Dynamic Spill and Instruction Counts via LLVM


How would people recommend using LLVM (if at all) to get the dynamic spill/reload count and total number of instructions for a program? Speed and efficiency are unimportant. I just want it to be correct.

I’m using a debug build of LLVM 12 “clang version 12.0.0” on an x86_64-unknown-linux-gnu cpu.

What I’ve tried:

I thought I’d use llvm’s pgo to get asm BB counts and then multiply by the number of static spills and reloads in each asm BB.

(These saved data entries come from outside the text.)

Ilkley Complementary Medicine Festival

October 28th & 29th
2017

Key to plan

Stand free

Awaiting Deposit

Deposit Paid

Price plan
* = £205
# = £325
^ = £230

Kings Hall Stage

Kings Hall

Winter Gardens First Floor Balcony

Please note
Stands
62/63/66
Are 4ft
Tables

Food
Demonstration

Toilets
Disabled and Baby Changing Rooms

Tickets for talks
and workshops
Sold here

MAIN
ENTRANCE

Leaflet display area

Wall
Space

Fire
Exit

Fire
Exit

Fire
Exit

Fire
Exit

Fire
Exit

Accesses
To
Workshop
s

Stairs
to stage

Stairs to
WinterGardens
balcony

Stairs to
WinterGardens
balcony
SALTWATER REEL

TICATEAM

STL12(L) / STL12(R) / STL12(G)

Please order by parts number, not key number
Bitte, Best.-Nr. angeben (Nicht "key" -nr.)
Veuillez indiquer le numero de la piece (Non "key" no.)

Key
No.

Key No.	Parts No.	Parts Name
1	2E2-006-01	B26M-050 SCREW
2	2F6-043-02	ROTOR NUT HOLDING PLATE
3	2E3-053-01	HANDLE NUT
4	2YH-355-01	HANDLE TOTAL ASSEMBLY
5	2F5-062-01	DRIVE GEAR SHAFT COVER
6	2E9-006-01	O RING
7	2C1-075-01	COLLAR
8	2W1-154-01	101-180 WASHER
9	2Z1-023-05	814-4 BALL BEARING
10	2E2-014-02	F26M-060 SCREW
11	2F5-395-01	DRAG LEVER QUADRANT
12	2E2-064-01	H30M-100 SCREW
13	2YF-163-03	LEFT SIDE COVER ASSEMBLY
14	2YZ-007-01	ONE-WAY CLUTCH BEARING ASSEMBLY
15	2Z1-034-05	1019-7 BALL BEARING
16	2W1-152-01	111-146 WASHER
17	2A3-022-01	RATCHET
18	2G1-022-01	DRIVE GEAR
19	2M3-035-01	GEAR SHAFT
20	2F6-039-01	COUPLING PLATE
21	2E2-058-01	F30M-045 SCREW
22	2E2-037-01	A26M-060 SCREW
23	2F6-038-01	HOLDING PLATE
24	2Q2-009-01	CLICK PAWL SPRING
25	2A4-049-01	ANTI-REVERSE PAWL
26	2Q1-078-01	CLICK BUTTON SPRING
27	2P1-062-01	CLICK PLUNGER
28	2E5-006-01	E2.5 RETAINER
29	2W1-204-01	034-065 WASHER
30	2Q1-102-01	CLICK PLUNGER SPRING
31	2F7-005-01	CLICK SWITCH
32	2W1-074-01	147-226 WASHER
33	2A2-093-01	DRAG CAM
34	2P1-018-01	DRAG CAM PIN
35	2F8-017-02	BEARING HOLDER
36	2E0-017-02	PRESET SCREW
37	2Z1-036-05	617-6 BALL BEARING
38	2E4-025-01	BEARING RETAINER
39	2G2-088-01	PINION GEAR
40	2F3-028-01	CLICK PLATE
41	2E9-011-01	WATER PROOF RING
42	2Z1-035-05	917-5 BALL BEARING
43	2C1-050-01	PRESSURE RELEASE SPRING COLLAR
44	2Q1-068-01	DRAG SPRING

LLC annotates lines in the assembly file that result in spills and reloads i.e.:
movq %rax, -24(%rsp) # 8-byte Spill
movq -16(%rsp), %rax # 8-byte Reload

I couldn’t find a way to instrument asm BBs w/ pgo using LLC, so I’m doing it at the IR level like this:
clang -emit-llvm -gline-tables-only -O3 file1.c file1.bc
opt -pgo-instr-gen -instrprof file1.bc -o file1.prof.bc
clang -fprofile-instr-generate file1.prof.bc file2.prof.bc etc.
-run it-
llvm-profdata merge -output=pgo.profdata default.profraw
opt -pgo-instr-use -pgo-test-profile-file=pgo.profdata -load mypass file.bc

Where “mypass” iterates through all the IR BBs and prints out the label and block frequency info.

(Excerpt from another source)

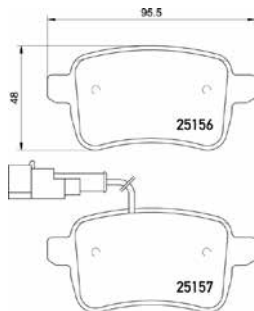

TX1089

TMD Number: 2515601
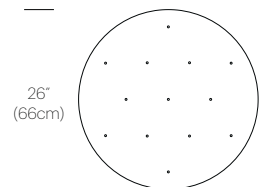

CIELO CHANDELIER CANOPY 13

I’ve quickly realized that asm BBs don’t directly correspond to IR BBs b/c the CFG changes during code generation. Although I’ve managed to make a mostly correct mapping between IR BBs and asm BBs using their debug labels, it’s been kind of messy. For example:
There is the odd situation where I’ll find 2 asm BBs with the same debug label w/ pgo counters to different memory addresses.

There are also other complications where the pgo CFG is different from the original CFG, so I’m not convinced this is the correct way to go about it.

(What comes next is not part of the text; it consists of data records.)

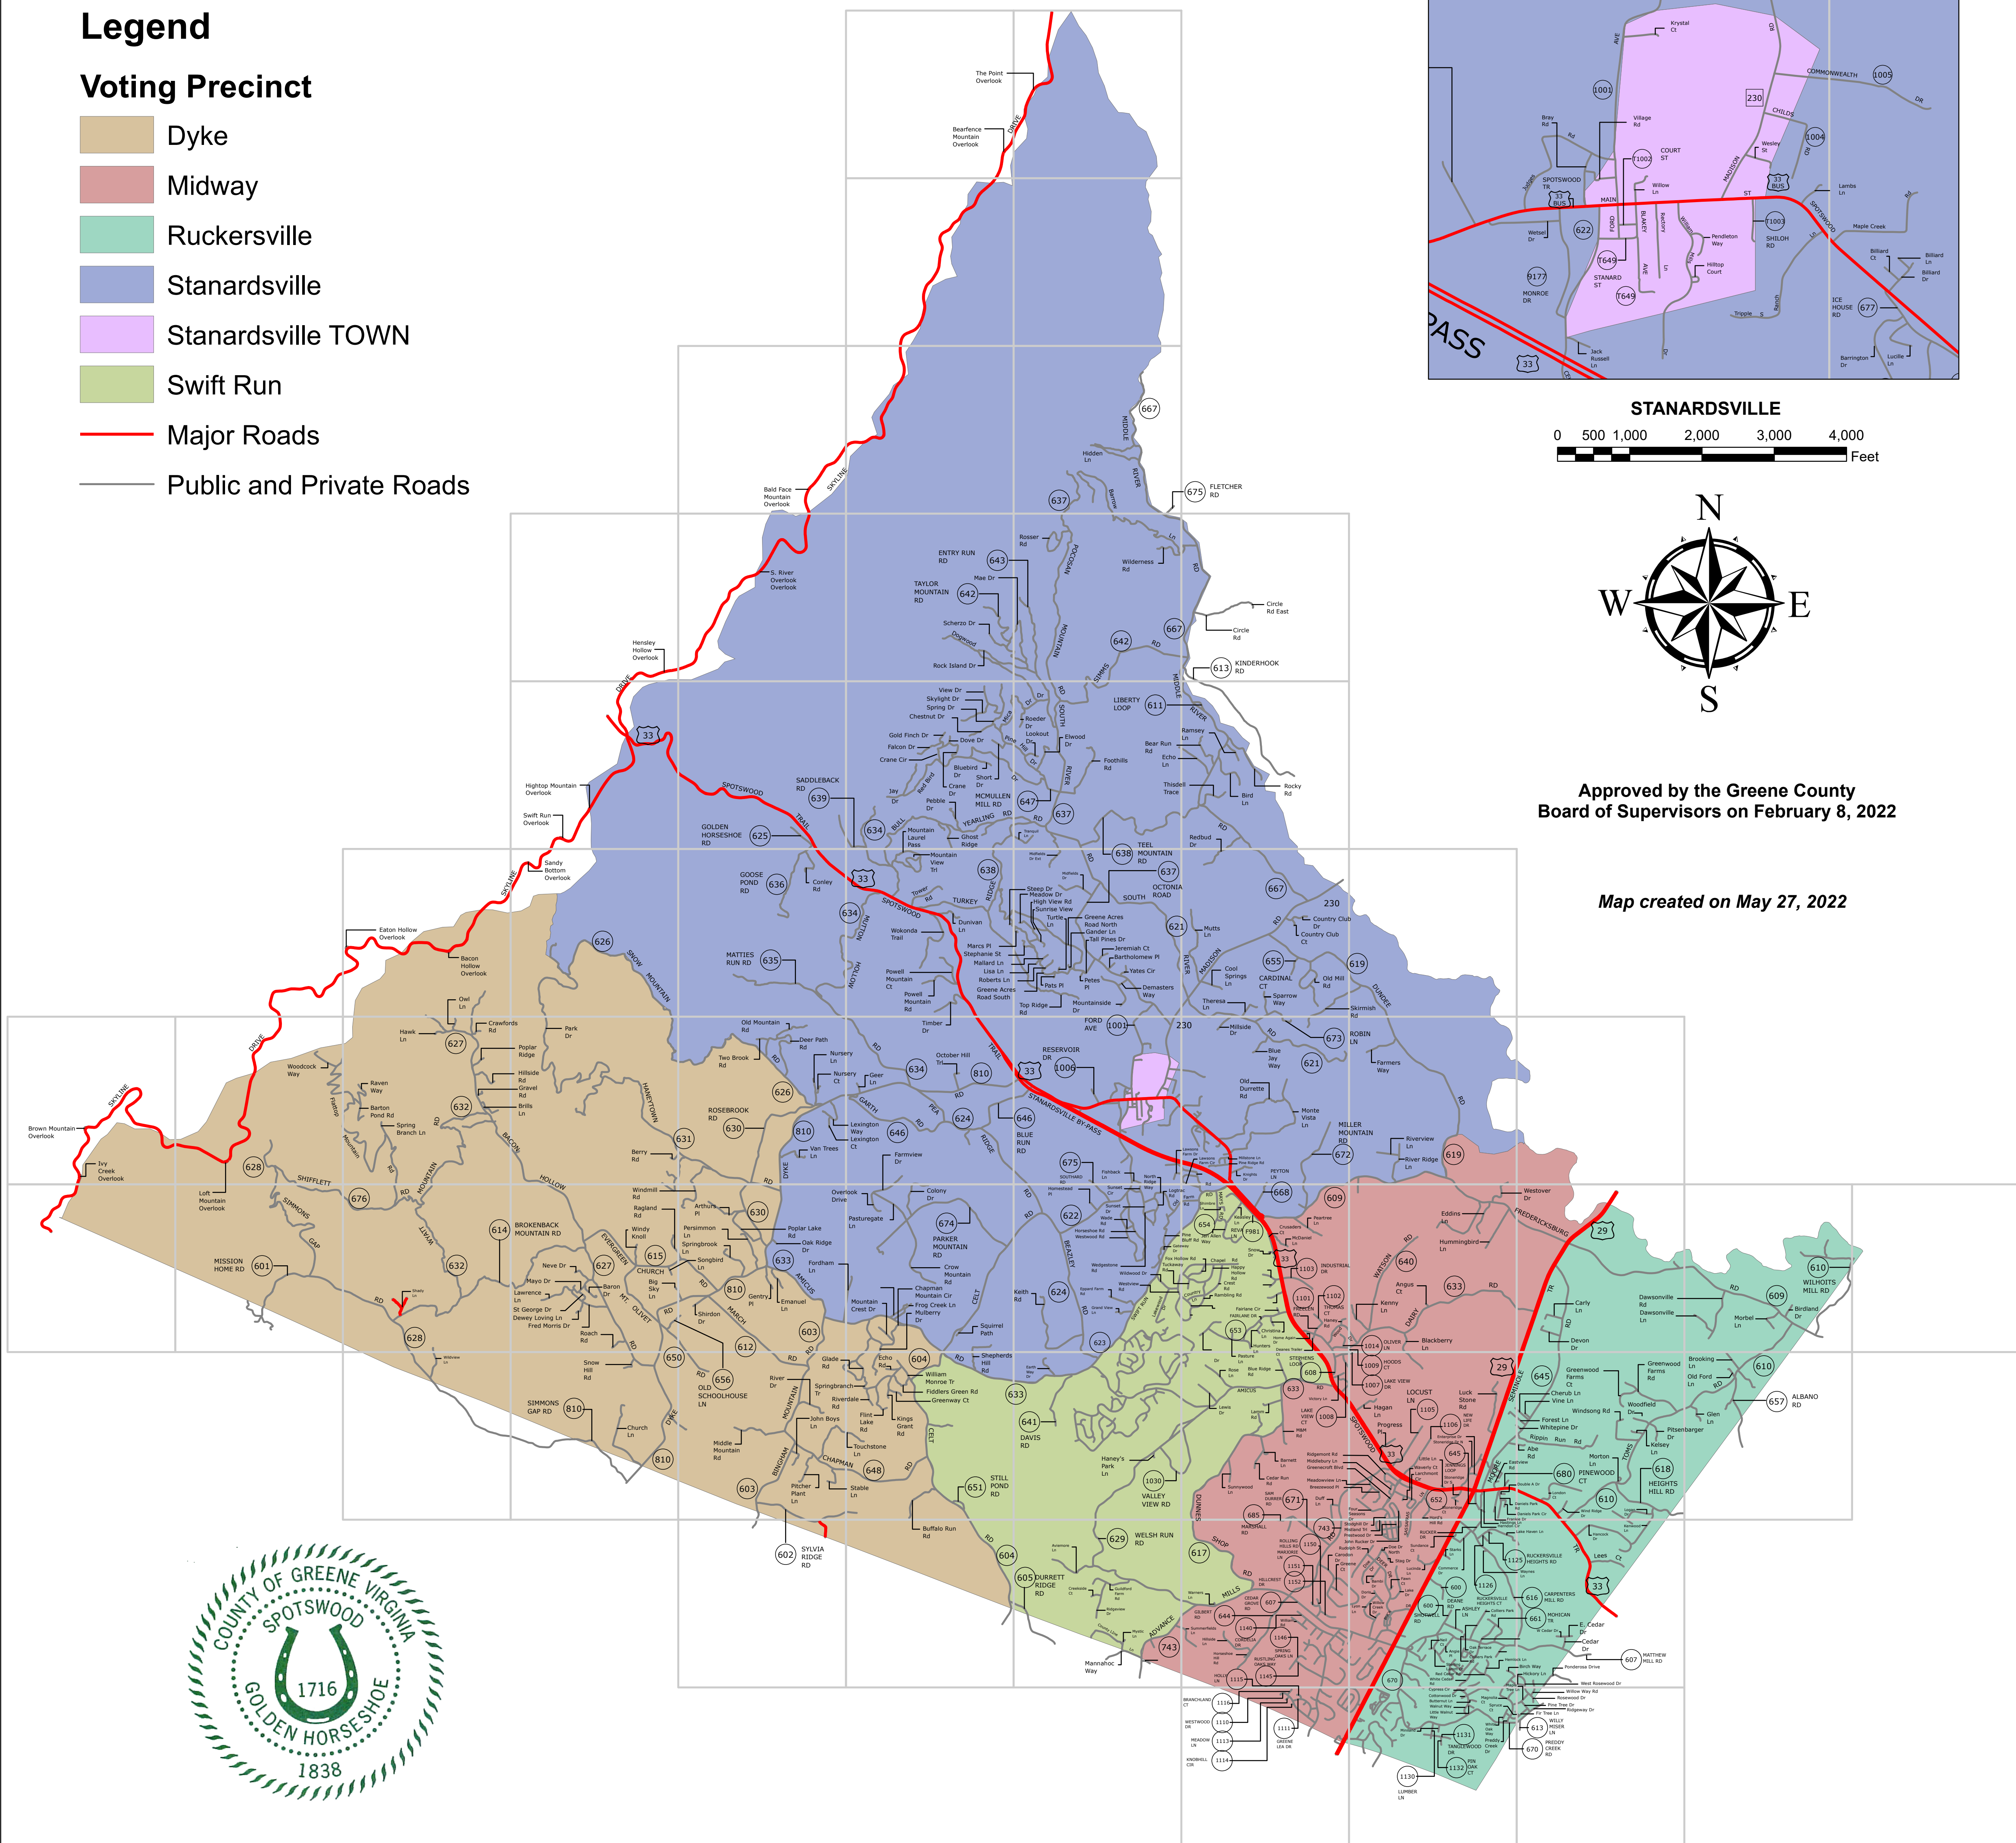

# Greene County Voting Map

## Legend

### Voting Precinct

- Dyke
- Midway
- Ruckersville
- Stanardsville
- Stanardsville TOWN
- Swift Run
- Major Roads
- Public and Private Roads

STANARDSVILLE

0 500 1,000 2,000 3,000 4,000 Feet

Approved by the Greene County Board of Supervisors on February 8, 2022

Map created on May 27, 2022

0 0.5 1 2 3 4 5 Miles

What I thought I’d try next
I wanted to write a MachineFunctionPass that gets a BB’s static spill/reload count and then inserts a function call to keep track of its execution frequency. The pass would be run after all CFG changes have been made. There’s a comment in X86TargetMachine.cpp that says:
// The X86 Speculative Execution Pass must run after all control
// flow graph modifying passes."
This is in void X86PassConfig::addPreEmitPass2(), and I was going to add my pass here. Since the function call would clobber registers, I was going to either re-run register allocation or callee save all the registers the function would use.

Any help/feedback would be appreciated.

Thank you.


Armand Behroozi

Hi Armand,

You can print the frequency of the blocks at the machine level.
If that frequency comes from pgo, these numbers should be accurate.

Take a look at -view-machine-block-freq-propagation-dags=fraction for instance.

Then, you should be able to just use the assembly file annotation like you were doing.


Dear Quentin,

Thank you for taking the time to respond. This was really helpful.

One final question. Do you have any suggestions for how to map the counts viewed on the CFG after llc is run w/ pgo data to the original CFG? Would using the BB debug labels (i.e. %while.body.preheader201) be good enough here?

When running LLC w/ pgo data, a function of interest has its BB count go to 149 as opposed to 128 when no pgo data is used. When looking at the CFG manually, labelled basic blocks seem to be in similar locations but I’m unsure if I can rely on this.

Thank you.




Using the labels will be a good proxy, relative location within the file, not so much.You could also use the debug line info, but that’s probably overkill.